Digestive system membranes: freeze-fracture evidence for differentiation and flow in Paramecium.

Abstract

Freeze-fractured membranes of digestive vacuoles of randomly feeding P. caudatum exhibit dramatic differences in intramembrane particle (IMP) number and distribution on E- and P-fracture faces. By pulse-feeding latex spheres to cells, these differences were related to the age of the digestive vacuoles. The membranes undergo a specific sequence of changes during the digestive cycle. Young digestive vacuoles (DV-l; .ltoreq. 6 min), nascent vacuoles still connected to the cytopharynx, and discoidal vesicles, from which vacuole membrane is derived, all have a highly particulate E face and a less particulate P face. As early as 3 min after feeding, a 2nd category of digestive vacuoles (DV-II) can be recognized which are considerably smaller in diameter and lack particles on their E face. The endocytic removal of DV-I membrane material associated with the formation of DV-II vacuoles probably involves a concomitant and selective removal of E-face particles, as essentially no changes are seen in the density of P-face particles on the 2 types of vacuoles. Beginning at 10 min the 1st DV-III vacuoles are encountered. These are larger than the DV-II vacuoles and possess very prominent E-face particles, which resemble those on the E face of the numerous lysosomes bordering the digestive vacuoles.
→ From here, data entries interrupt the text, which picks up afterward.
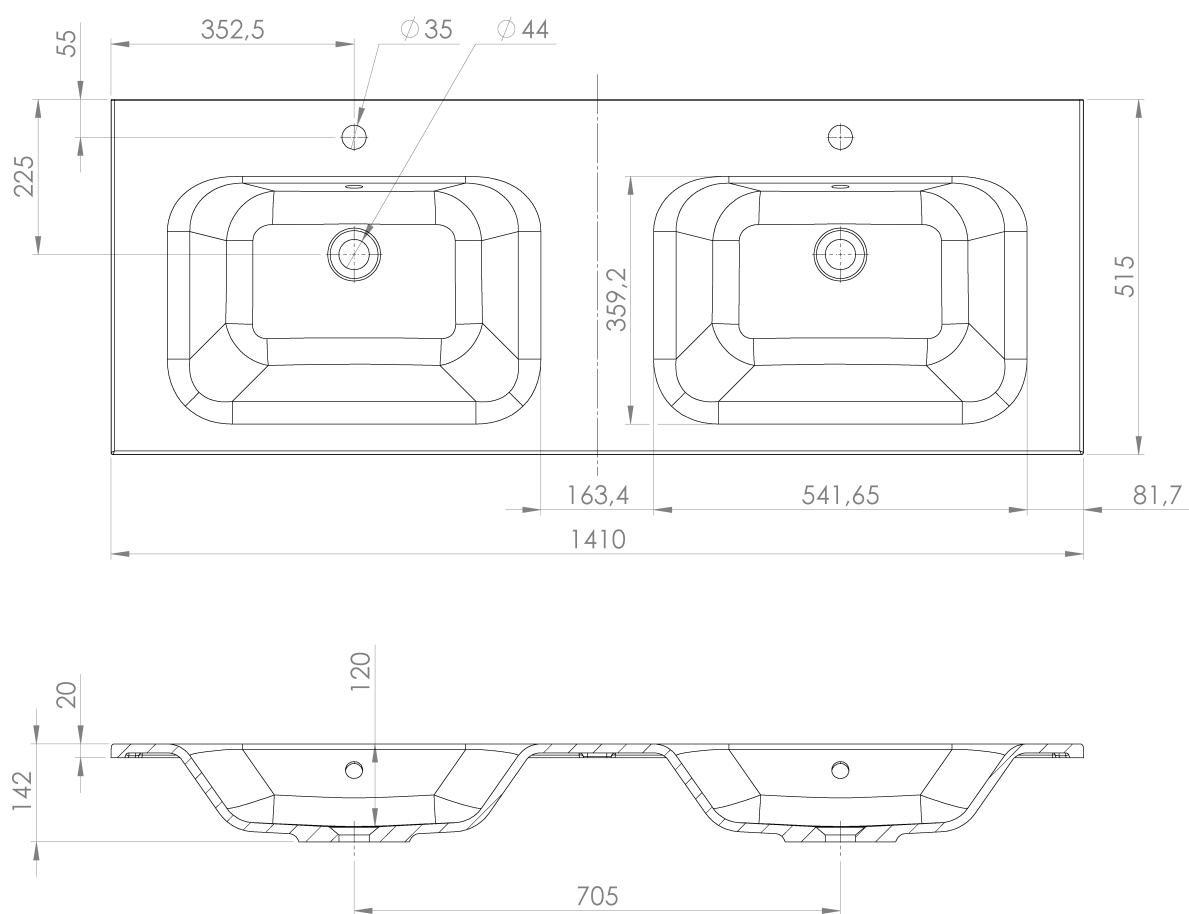

**LOREA skrinka s dvojumývadlom 141x46x51,5cm
(70+70cm), biela matná**

Objednací kód: LE070-3131-01

Základné informácie

Značka: Sapho
Séria: LOREA

Rozmery

Šírka: 1410 mm
Výška: 460 mm
Hĺbka: 515 mm

Vlastnosti

Farba: Biela mat
Možnosti farebného prevedenia: Podľa vzorkovníka
Materiál: MDF/lamino
Inštalácia: Závesné na stenu
Typ skrinky: Zásuvky
Typ umývadla: Dvojumývadlo
Výbava: Automatické dovretie
Hmotnosť / ks: 76.678 kg
Balenie: 3 ks
Záruka: 2 roky

LOREA skrinka s dvojumývadlom 141x46x51,5cm
(70+70cm), biela matná

Technický list

LOREA skrinka s dvojumývadlom 141x46x51,5cm
(70+70cm), biela matná
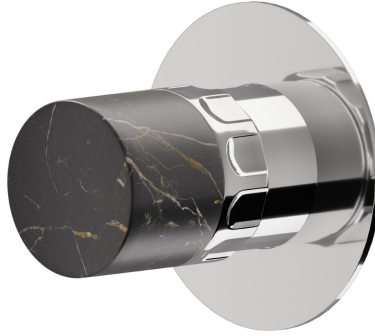

## 69893E.21.018

Absperrventil. Außenteil - oberfläche Chrom

### EIGENSCHAFTEN

Material	<b>Messing/Marmor</b>
Installation	<b>UP Körper</b>
Bedienungsart	<b>Einhebelmischer</b>
Ausgänge	<b>1 Weg</b>

Für die Installation erforderlich **27891.00.000**

Für die Installation erforderlich **27893.00.000**

### TECHNISCHE ZEICHNUNG

**69893E.21.018**

Absperrventil. Außenteil - oberfläche Chrom

**61.020**

oberfläche PVD Glossy Gold
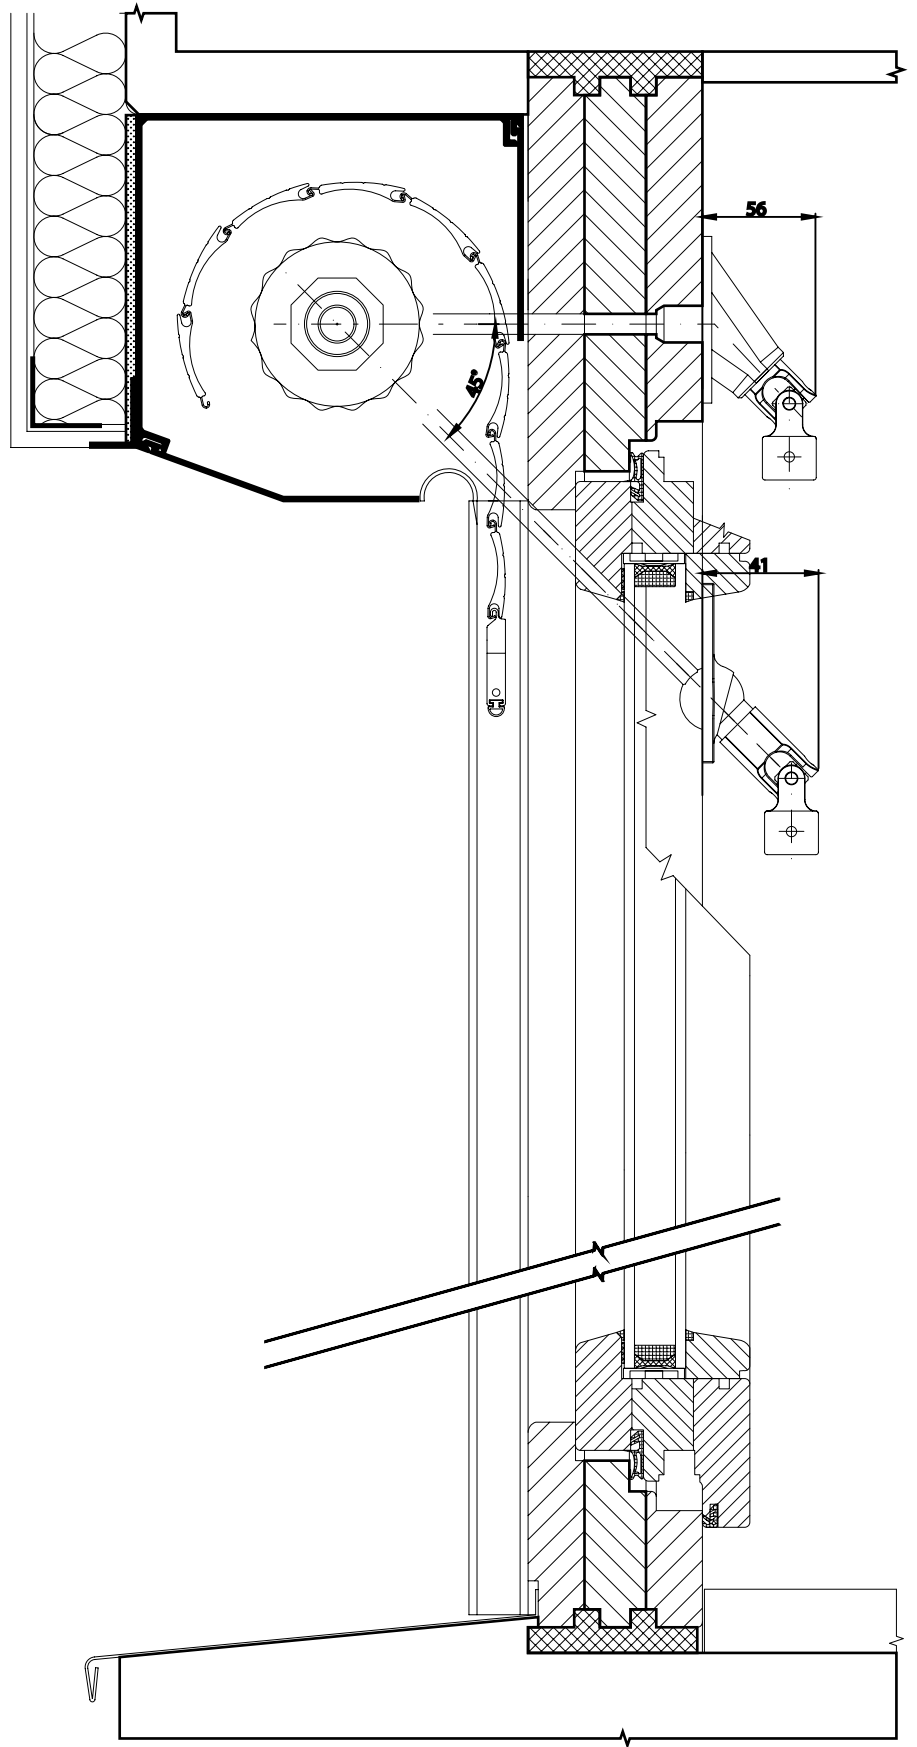

MONOBLOC COMPACT

MONOBLOC

DV-III vacuoles exhibit a substantial increase in P-face particles. These membrane changes closely parallel, and are probably correlated with, the physiological events occuring within the vacuole lumen: concentration of food, killing of prey and digestion. Calculations of the amount of membrane removed from DV-I to form DV-II and of the increase in membrane surface area during the transition from DV-II to DV-III indicate that as much as 90% of the initial phagosome (DV-I) membrane can be removed before digestion begins. The enlargement of DV-II must be caused by fusion with adjacent lysosomes which also contribute the new populations of IMPs to the DV-III membrane. The appearance of numerous endocytic structures on older DV-III vacuoles suggests that membrane is retrieved from DV-III before defecation.